If you have a discrete collection of single-particle energy levels [itex]\epsilon_i[/itex], then the grand canonical partition function (for noninteracting particles) is defined by:
[itex]\mathcal{Z}(\mu, \beta) = \sum_i \sum_{N_i} exp(N_i \beta(\mu - \epsilon_i))[/itex]
[itex]= \sum_i \sum_{N_i} exp(\beta(\mu - \epsilon_i))^{N_i} [/itex]
where [itex]N_i[/itex] is the occupancy number: the number of particles in state [itex]i[/itex]. To get Bose statistics, the allowable values for [itex]N_i[/itex] are [itex]N_i = 0, 1, 2, ...[/itex], leading to
[itex]\mathcal{Z}(\mu, \beta) = \sum_i \dfrac{1}{1 - exp(\beta(\mu - \epsilon_i))}[/itex]

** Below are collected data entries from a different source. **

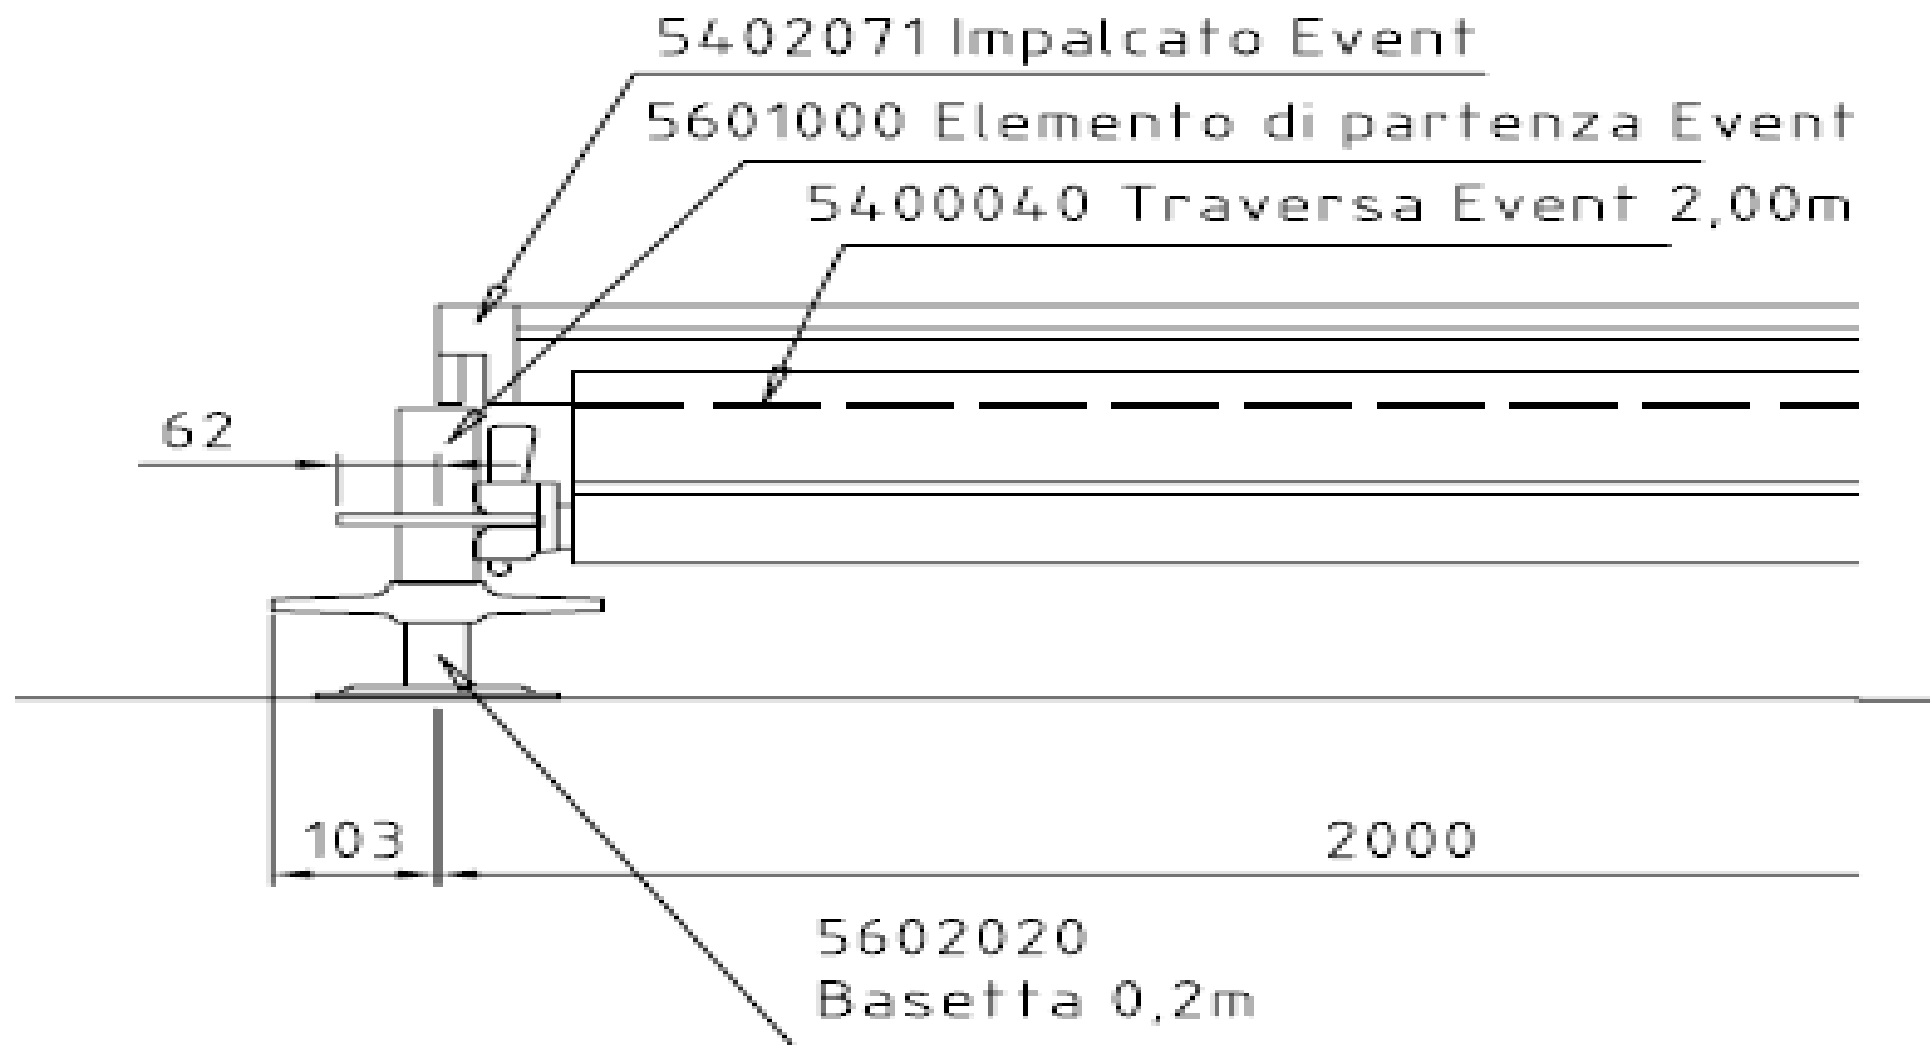

Sistemi EVENT EV100 e EV104

"PALCHI"

Allegati

5400050 Traversa Event 2,07m

2607207 Corrente 2,07m

5601000 Elemento di partenza
Event

5602020 Basetta 0,2m

5402081 Impalcato
1,04x2,07 m

5403510 Fermaimpalcato
per corrente

ASSONOMETRIA

Art. n.	Descr
5602060	Basett
2602000	Elemen
2604050	Monta
2607200	Corren
5400040	Traver

Sicura anti Sollevamento

Bloccaggio per spostamenti laterali

Impalcato Event

5403510

Fermaimpalcato per corrente

Impalcato Event

Corrente

DETTAGLIO PALCO
ALTEZZA 80 CM

5416.200 Corrimano 2,00 m

5416.207 Corrimano 2,07 m

(because [itex]1+x+x^2 + ... = \frac{1}{1-x}[/itex])
For Fermi statistics, the only possible values for [itex]N_i[/itex] are [itex]N_i = 0, 1[/itex], leading to:
[itex]\mathcal{Z}(\mu, \beta) = \sum_i (1 + exp(\beta(\mu - \epsilon_i)))[/itex]
Here's the question: Suppose that the energy levels for an electron are independent of spin direction. That means that for every single-particle state, there is a second state with the same energy and opposite spin state. Then it seems to me that there are two different ways to take this degeneracy into account:
(1) Replace [itex]\sum_i ...[/itex] by [itex]\sum_i g_i ...[/itex], where [itex]g_i[/itex] is the degeneracy of energy level [itex]i[/itex], and where the index [itex]i[/itex] ranges only over states with distinct energies. In this case, [itex]g_i = 2[/itex], so the result is just to multiple [itex]\mathcal{Z}[/itex] by 2.
(2) Modify the allowable occupancy number [itex]N_i[/itex] to range from [itex]0[/itex] to [itex]g_i[/itex], rather than just 0 or 1.
These two approaches give different answers, but I don't understand, physically, why. It seems that the only thing that should be important is how many electrons can have energy [itex]\epsilon_i[/itex].